To evaluate the osteogenesis effect of synthesized hydrogels, one defect of 8 mm in diameter was created in the calvarial of each rat (Fig. 11B). For anesthesia, a ketamine (Rotexmedica, Trittau, Germany) /xylazine (Alfasan, Netherland) mixture (45/10 mg/kg) was injected intramuscularly. The calvarial area was shaved and disinfected with povidone-iodine. After that, an approximately 25 mm sharp incision was made by surgical blade #13. Prichard Periosteal Elevator was used to retract the tissues. Then an eight mm defect was created by the trephine bur of the dental implant kit (DASK, Dentium Advanced Sinus Kit, South Korea) while the surgical site was cooled by sterile saline. The created defects in four rats were filled by ADCNCS/SF, while the other four rates received ADCNCS/SF/PEEK hydrogels (Fig. 11C). The defect sites in remained four rats did not fill with any material and were considered the control group. The incisions were sutured using nonabsorbable 3/0 USP surgical black braided silk (HURTEB Medical Devices, Tehran, Iran) (Fig. 11D). For postoperative pain, the subcutaneous injection of Piroxicam (Exir, Tehran, Iran) was performed for each rat immediately after surgery and 24 h later. After rats became active, they were transferred to their boxes and received food and water, as mentioned. The surgery sites were covered with Gentamicin skin ointment to prevent infection. The sutures were removed seven days after surgery.

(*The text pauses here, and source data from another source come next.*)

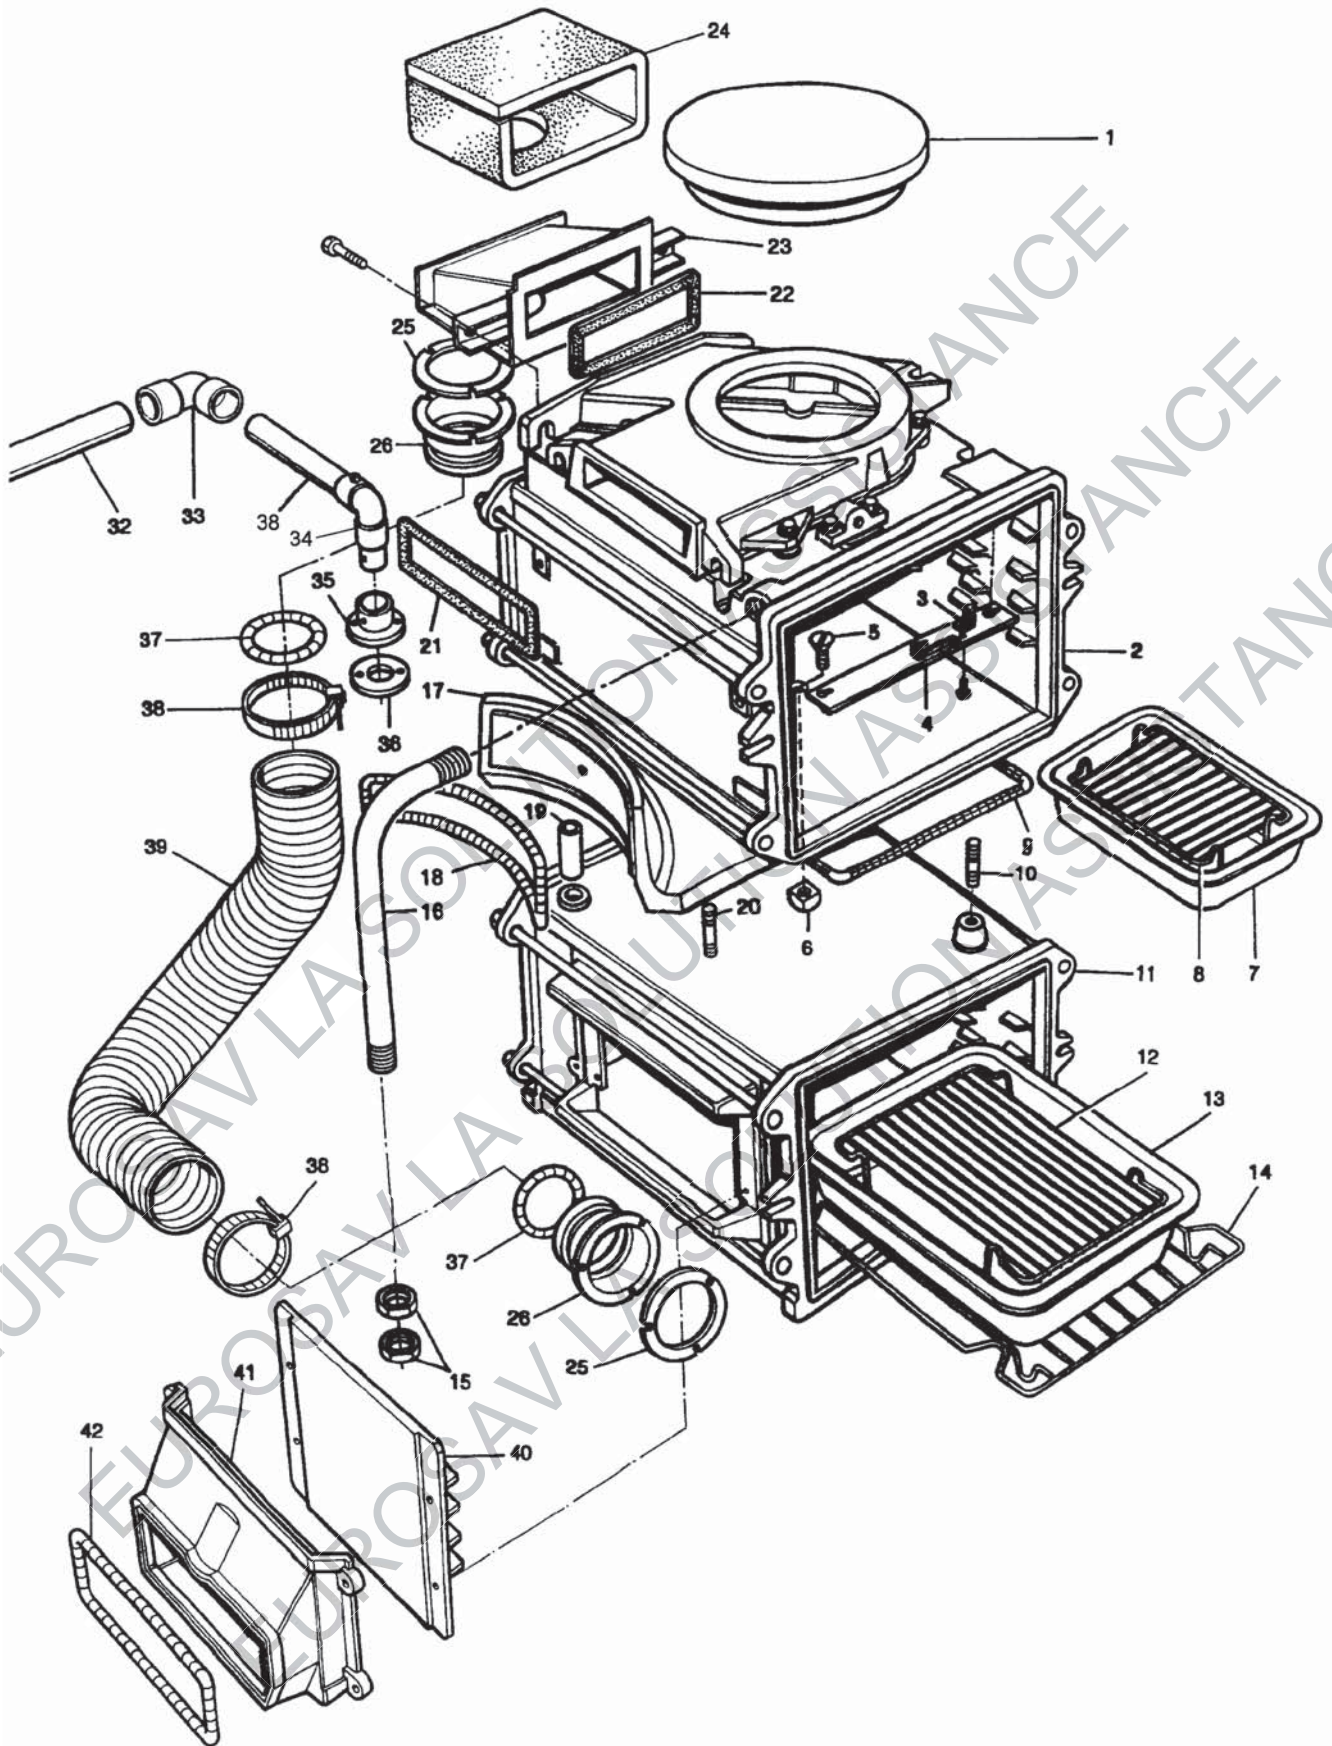

**AGA ELECTRIC (AIMS)
EE COOKER**

***SPARE PARTS
MANUAL***

AGA ELECTRIC AIMS - EE COOKER
 BASE, SIDES AND BACKPLATE

AGA ELECTRIC AIMS - EE COOKER
FRONT PLATE & DOORS

AGA ELECTRIC AIMS - EE COOKER
 TOP PLATE, INSULATING LIDS, SHROUD, WIRING ASSY

AGA ELECTRIC AIMS - EE COOKER
 OVENS, ACCESSORIES, SIMMERING PLATE, FAN ASSY

AGA ELECTRIC AIMS - EE COOKER
HOTSPOT, FIRE BARREL & CHAMBER ASSEMBLY

AGA ELECTRIC AIMS - EE COOKER
OVEN VENT FAN ASSEMBLY - UP TO M08-003

After eight weeks, rats were sacrificed by overdosing on pentobarbital (100 mg/kg), and the defect areas were removed from the calvarial of each rat with 2 mm extra safe margins. After the collection of bone samples, the carcasses were discarded by burial.

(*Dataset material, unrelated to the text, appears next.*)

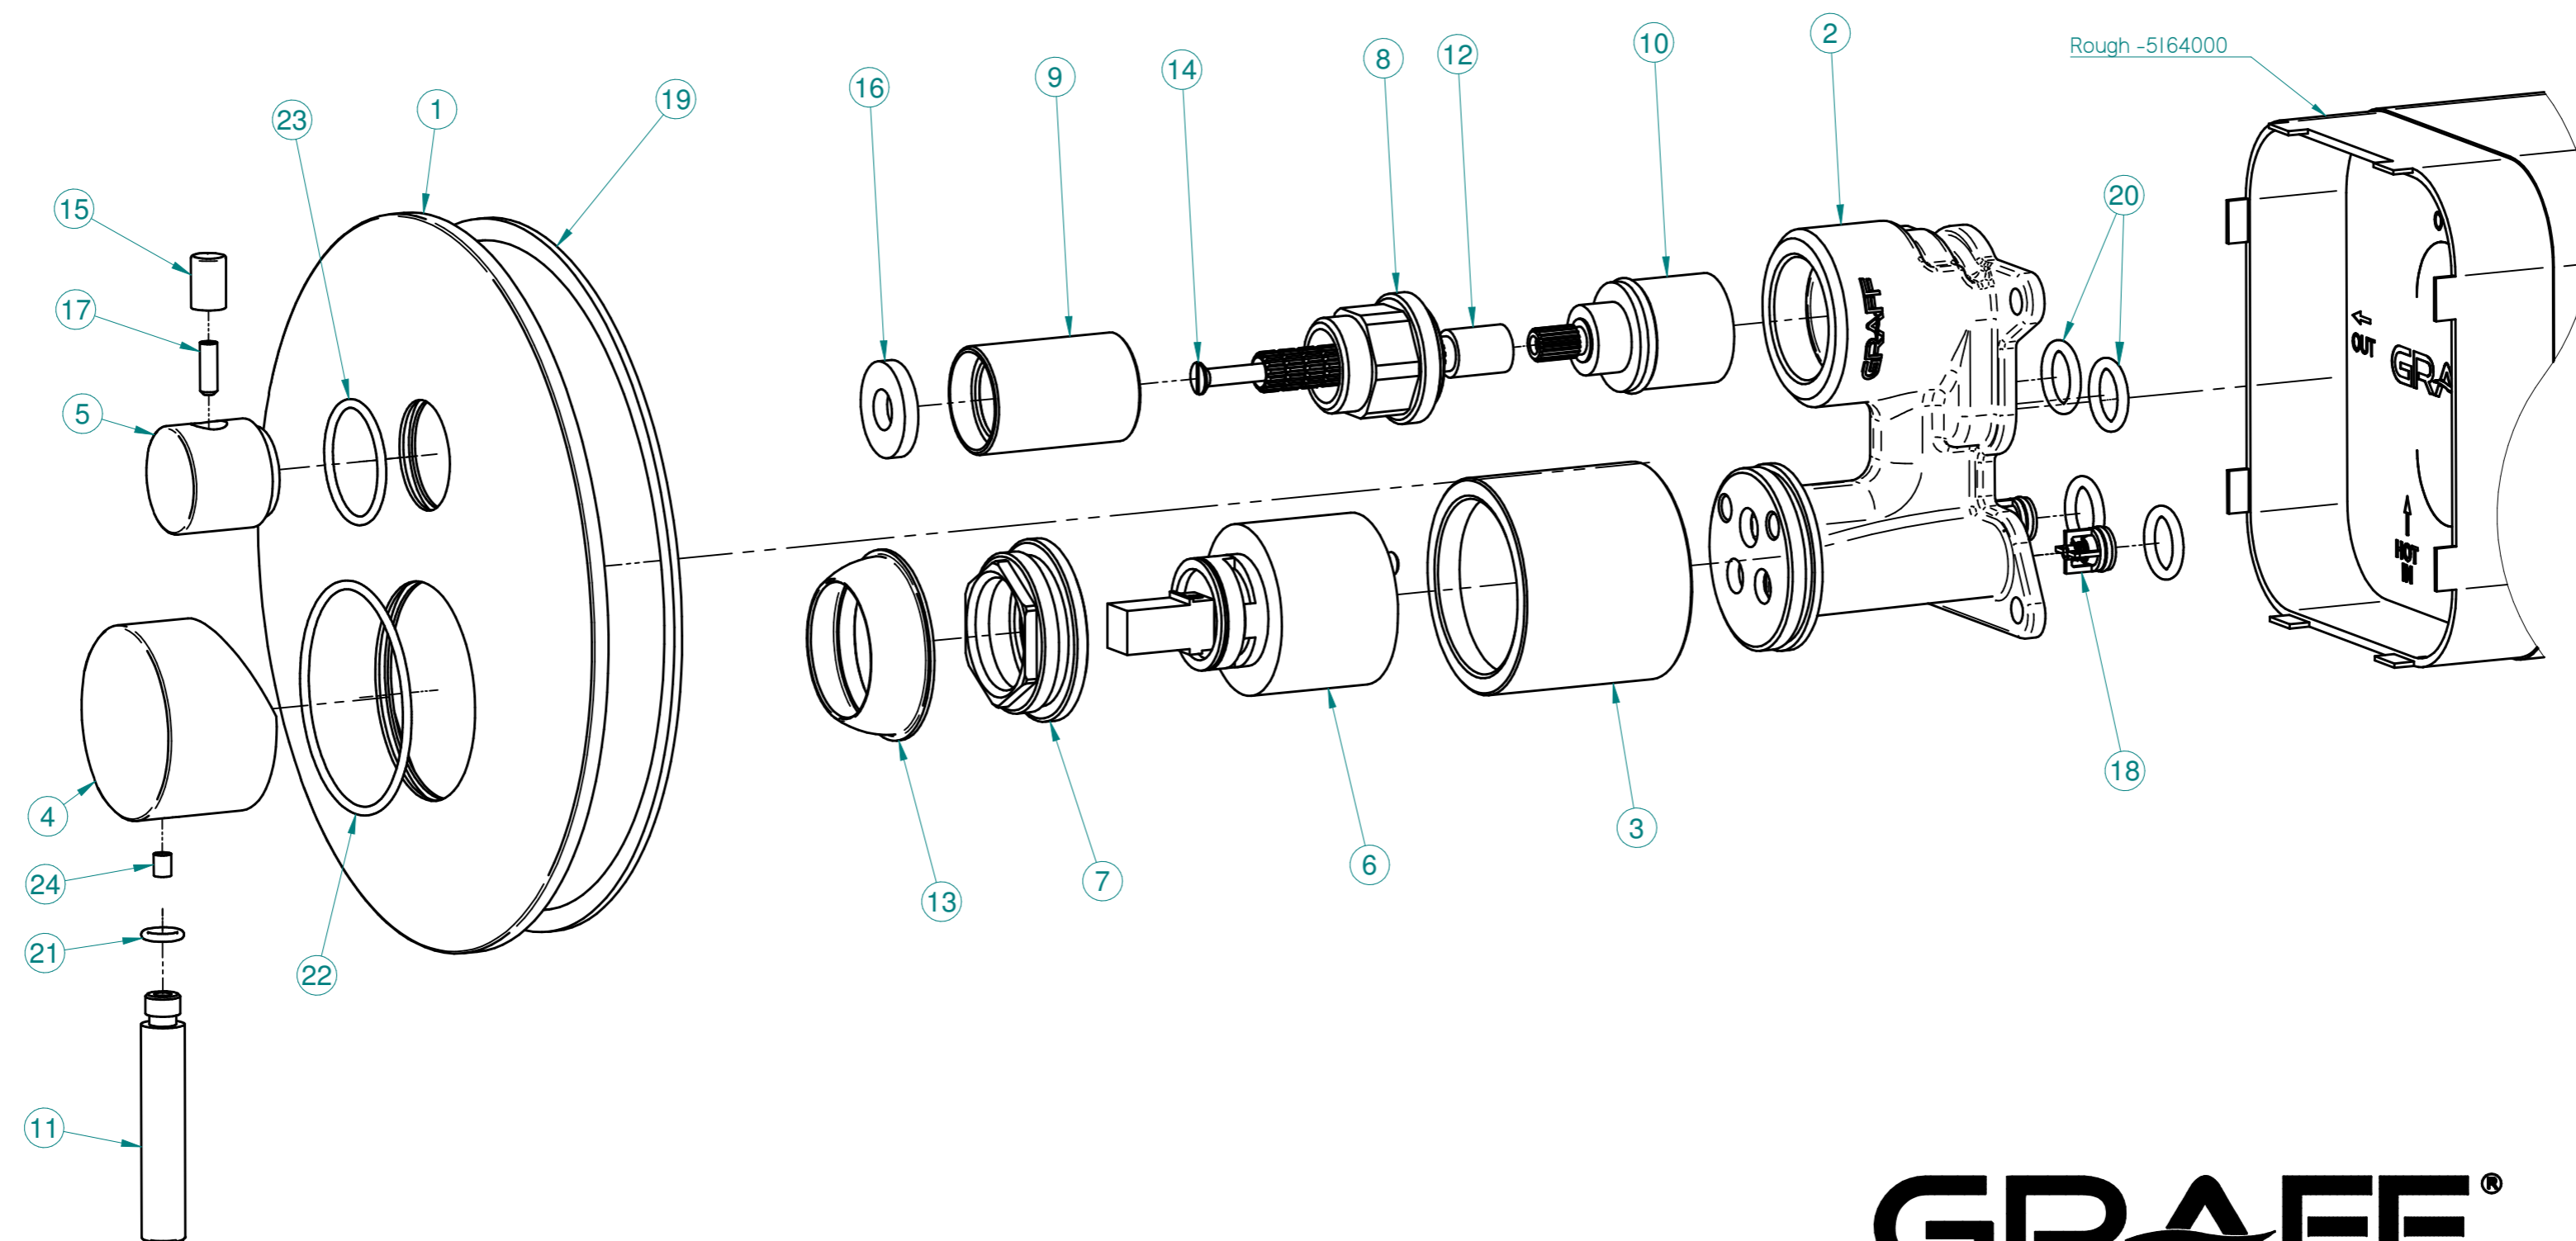

E-17020-LM37A-**-T

Uni-Box Series

GRAFF®
Art of Bath

The bone pieces were washed with a phosphate buffer saline (PBS) to remove the attached surrounding tissue and fixed in 10% neutral buffered formalin (Pars Chemie, Tehran, Iran). New bone formation was analyzed using a radiology (CBCT) and histology (H&E) evaluation.

CBCT assay

After sacrificing rats and harvesting the bony segments, the samples were scanned with Cone Beam Computed Scan (CBCT, NewTom VGi, Verona, Italy). The direction of the cone was placed parallel to the coronal surface of bone defects as described previously77. To create 3D reconstruction, the analysis was performed with Mimics Medical 21.0 (Materialise, Leuven, Belgium), and the total volume of bone formation was measured. Briefly, DICOM files were uploaded to the software, and for reconstruction, the lower and upper thresholds ranged between 0 and 700 Hounsfield units. The total bone volume was measured in the cylindrical region (8 mm × 1 mm). Four defect models were calculated for each group, and data were reported as mean ± SD.

Histological examinations

Following the CBCT analysis, all samples were decalcified. In this process, 3% nitric acid (7697-37-2, Sigma, USA) was used for decalcification78. After decalcification, the specimens were bisected and dehydrated by the gradient of ethanol solutions in a tissue processor (MeyMed, DS 2080/H, Tehran, Iran). The dehydrated samples were embedded in paraffin wax blocks (HistoWax, SCILAB, UK). The samples were sectioned into 5 μm histological slides using a rotary microtome (DID SABZ, DS 4055, Urmia, Iran), then transferred to glass slides and glued with mounting medium (05-BMHM100, Bio Mount HM, Milano, Italy). Hematoxylin (PadtanTeb, Tehran, Iran) and Eosin (CARLO ERBA), were carried out to observe new bone formation under the light microscope (Olympus).

Statistical analysis

Statistical analyses were performed using Prism software (version 8.0, GraphPad, San Diego, CA, USA). The Kolmogorov–Smirnov test analyzed the normality and homogeneity of the data distribution. The continuous values with normally distributed were reported as mean ± SD and analyzed by Student's t-test, one-way ANOVA, and Tukey post hoc analysis. P-value < 0.05 was considered statistically significant. All experiments were carried out in triplicates.

Ethical approval

All experiments of the current study were affirmed by the published guideline of The Care and Use of Laboratory Animals (NIH Publication No. 85–23, revised 1996) and reported in accordance with ARRIVE guidelines, and approved by the Ethics committee of Tabriz University of Medical Sciences (IR.TBZMED.REC.1400.103) that complied with the Helsinki declaration.